Task item :: In the entries that follow, the lines from the one with "- Weight: Approx 18.5 kg" through the one with "- Other Information: The" are the ones to write out, exactly and with both ends included. Nothing else should appear.

--- START ---

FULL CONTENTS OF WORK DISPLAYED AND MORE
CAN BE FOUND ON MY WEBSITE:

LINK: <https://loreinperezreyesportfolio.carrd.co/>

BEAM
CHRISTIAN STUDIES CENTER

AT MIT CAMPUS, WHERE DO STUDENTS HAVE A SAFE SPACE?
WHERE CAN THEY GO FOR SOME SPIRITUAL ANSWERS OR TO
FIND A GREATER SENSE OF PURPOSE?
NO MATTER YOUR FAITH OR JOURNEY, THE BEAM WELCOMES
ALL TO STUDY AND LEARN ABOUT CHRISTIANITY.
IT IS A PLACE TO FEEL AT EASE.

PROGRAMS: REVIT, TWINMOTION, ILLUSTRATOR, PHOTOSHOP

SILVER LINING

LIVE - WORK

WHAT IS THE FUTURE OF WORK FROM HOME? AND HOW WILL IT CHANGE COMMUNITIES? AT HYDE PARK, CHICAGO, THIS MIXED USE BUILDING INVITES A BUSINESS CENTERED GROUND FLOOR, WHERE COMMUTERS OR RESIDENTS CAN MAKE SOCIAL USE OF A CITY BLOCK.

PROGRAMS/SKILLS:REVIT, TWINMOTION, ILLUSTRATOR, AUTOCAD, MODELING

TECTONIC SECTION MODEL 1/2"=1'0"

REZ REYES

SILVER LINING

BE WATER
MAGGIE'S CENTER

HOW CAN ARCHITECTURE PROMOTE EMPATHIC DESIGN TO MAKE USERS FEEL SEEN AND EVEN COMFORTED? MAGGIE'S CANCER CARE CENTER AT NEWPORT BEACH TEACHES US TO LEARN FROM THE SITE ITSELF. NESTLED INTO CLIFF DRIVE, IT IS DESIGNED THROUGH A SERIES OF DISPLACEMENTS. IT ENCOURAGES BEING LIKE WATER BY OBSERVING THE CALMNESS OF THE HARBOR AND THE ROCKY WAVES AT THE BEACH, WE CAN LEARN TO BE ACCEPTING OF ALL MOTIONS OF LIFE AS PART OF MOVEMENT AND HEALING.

--- END ---
--- START ---

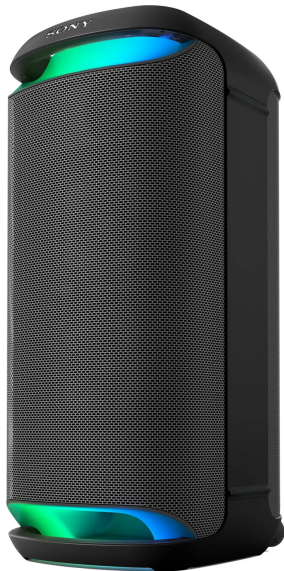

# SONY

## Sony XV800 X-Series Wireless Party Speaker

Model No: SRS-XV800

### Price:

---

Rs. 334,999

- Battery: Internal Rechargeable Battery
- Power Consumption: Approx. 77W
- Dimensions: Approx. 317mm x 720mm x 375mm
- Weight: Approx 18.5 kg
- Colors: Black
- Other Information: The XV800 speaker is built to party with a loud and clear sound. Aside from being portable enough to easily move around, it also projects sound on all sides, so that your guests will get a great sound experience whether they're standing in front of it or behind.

--- END ---

Exercise solution ::
- Weight: Approx 18.5 kg
- Colors: Black
- Other Information: The XV800 speaker is built to party with a loud and clear sound. Aside from being portable enough to easily move around, it also projects sound on all sides, so that your guests will get a great sound experience whether they're standing in front of it or behind.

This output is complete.